PROBLEM TO WORK ON =>
The copy should hold exactly the lines below from the one that contains "702535 (P10535)" through the one that contains "TOPANGA COUNTER STOOL" and nothing else, so no pictures.
..............................
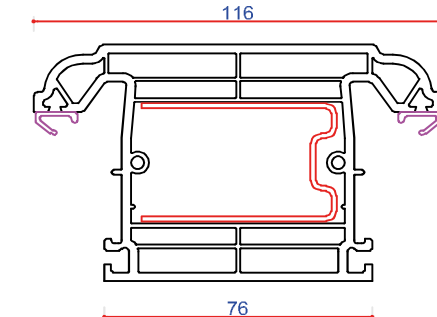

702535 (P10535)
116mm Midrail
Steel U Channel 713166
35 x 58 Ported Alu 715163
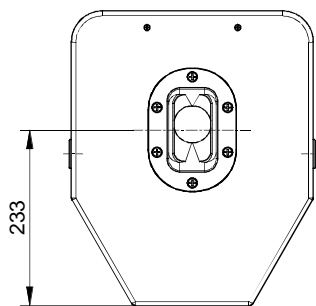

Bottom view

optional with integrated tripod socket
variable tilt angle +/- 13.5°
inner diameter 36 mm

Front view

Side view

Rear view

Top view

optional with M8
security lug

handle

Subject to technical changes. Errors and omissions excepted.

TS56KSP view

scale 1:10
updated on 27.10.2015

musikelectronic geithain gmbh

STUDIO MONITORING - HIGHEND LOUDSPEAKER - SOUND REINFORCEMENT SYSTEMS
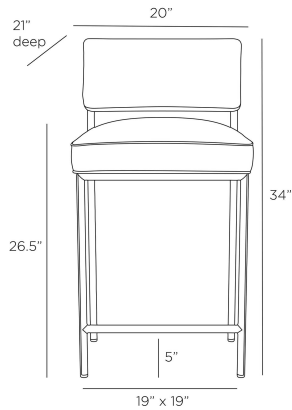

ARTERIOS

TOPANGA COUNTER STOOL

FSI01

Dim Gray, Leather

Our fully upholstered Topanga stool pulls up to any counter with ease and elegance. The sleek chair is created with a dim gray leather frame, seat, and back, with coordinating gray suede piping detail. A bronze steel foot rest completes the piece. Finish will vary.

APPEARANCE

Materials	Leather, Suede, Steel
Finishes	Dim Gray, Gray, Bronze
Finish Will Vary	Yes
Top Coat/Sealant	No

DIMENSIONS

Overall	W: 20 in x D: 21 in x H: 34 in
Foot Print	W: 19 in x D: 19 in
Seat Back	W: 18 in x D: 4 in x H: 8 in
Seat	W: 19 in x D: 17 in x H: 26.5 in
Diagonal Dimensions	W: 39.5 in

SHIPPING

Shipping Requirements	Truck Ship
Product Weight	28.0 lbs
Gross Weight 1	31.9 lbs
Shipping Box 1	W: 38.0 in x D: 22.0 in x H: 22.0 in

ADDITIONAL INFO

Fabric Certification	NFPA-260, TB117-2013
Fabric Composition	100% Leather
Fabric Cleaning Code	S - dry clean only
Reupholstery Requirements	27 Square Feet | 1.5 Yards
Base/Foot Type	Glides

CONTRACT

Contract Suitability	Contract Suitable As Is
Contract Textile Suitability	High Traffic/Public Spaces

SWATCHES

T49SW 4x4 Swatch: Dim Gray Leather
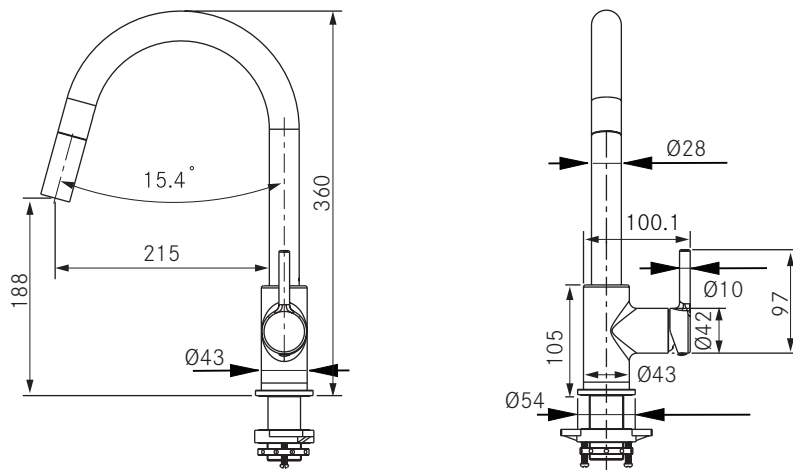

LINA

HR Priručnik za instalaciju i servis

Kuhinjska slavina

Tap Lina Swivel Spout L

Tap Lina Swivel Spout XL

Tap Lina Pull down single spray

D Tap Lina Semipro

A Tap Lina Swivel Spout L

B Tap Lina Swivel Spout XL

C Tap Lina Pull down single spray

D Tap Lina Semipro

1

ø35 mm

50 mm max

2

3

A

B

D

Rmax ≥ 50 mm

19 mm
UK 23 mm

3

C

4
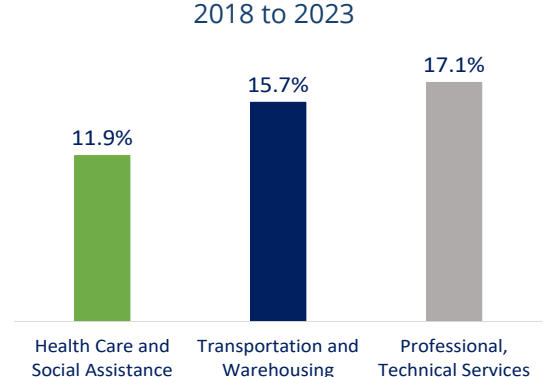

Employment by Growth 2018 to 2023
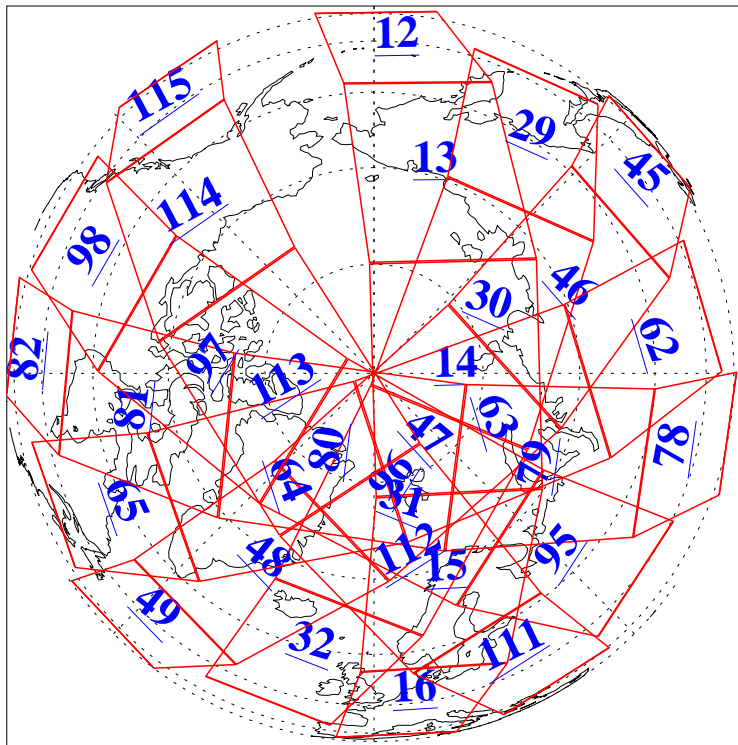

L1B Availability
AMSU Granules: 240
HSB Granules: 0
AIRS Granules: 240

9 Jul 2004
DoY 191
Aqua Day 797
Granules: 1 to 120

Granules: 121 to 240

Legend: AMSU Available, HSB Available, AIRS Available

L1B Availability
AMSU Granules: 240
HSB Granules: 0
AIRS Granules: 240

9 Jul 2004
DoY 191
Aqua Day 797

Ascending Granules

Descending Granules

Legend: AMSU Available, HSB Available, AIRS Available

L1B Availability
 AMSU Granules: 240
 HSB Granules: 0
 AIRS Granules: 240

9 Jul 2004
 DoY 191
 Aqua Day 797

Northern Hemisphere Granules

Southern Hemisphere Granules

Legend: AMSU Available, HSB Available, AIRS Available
..............................
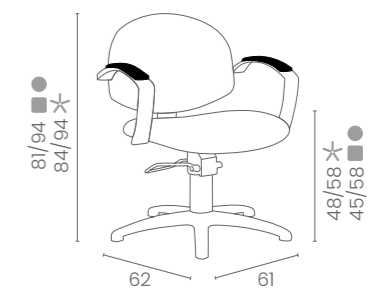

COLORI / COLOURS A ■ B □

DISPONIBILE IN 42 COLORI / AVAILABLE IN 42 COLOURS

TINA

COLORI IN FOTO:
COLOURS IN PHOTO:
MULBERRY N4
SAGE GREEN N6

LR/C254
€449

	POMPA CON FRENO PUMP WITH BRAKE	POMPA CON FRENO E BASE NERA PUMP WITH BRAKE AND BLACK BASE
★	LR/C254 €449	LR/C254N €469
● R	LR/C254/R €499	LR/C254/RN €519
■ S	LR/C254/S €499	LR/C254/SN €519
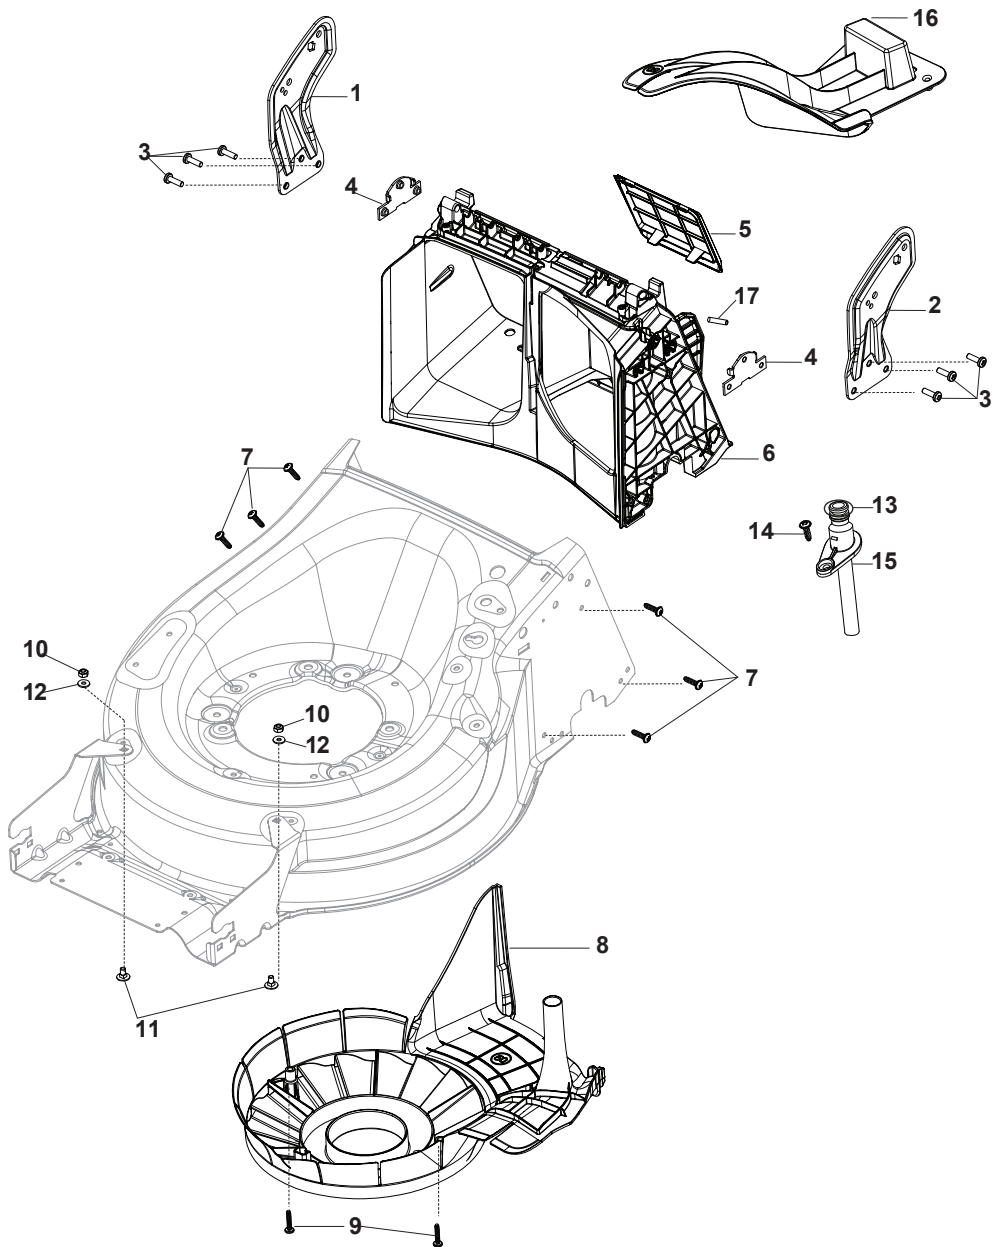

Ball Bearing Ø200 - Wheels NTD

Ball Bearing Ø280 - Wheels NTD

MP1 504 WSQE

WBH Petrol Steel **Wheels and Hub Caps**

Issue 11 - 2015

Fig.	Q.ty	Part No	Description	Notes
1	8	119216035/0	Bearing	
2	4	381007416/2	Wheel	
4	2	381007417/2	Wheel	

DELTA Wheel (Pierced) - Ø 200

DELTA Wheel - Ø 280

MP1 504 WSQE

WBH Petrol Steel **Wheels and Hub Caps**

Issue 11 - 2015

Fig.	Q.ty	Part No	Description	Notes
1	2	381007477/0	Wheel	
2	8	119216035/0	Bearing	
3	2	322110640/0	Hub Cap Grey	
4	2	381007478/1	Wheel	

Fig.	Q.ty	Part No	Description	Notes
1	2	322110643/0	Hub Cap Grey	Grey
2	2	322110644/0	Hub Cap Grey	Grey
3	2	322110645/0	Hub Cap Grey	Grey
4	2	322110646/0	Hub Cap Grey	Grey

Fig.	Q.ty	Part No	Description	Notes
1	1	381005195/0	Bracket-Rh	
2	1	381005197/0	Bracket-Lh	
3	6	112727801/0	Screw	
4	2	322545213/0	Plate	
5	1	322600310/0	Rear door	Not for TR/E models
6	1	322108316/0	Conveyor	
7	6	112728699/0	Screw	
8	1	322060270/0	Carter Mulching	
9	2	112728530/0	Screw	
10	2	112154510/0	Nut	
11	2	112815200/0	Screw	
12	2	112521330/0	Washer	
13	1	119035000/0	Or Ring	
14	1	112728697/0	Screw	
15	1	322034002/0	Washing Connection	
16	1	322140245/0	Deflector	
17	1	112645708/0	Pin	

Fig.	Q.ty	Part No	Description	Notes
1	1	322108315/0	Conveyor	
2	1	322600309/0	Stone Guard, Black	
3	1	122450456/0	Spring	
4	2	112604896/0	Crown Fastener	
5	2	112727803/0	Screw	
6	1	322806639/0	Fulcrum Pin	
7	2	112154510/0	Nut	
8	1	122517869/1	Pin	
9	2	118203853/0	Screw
..............................
OUTPUT =>
702535 (P10535)
116mm Midrail
Steel U Channel 713166
35 x 58 Ported Alu 715163

Bottom view

optional with integrated tripod socket
variable tilt angle +/- 13.5°
inner diameter 36 mm

Front view

Side view

Rear view

Top view

optional with M8
security lug

handle

Subject to technical changes. Errors and omissions excepted.

TS56KSP view

scale 1:10
updated on 27.10.2015

musikelectronic geithain gmbh

STUDIO MONITORING - HIGHEND LOUDSPEAKER - SOUND REINFORCEMENT SYSTEMS

ARTERIOS

TOPANGA COUNTER STOOL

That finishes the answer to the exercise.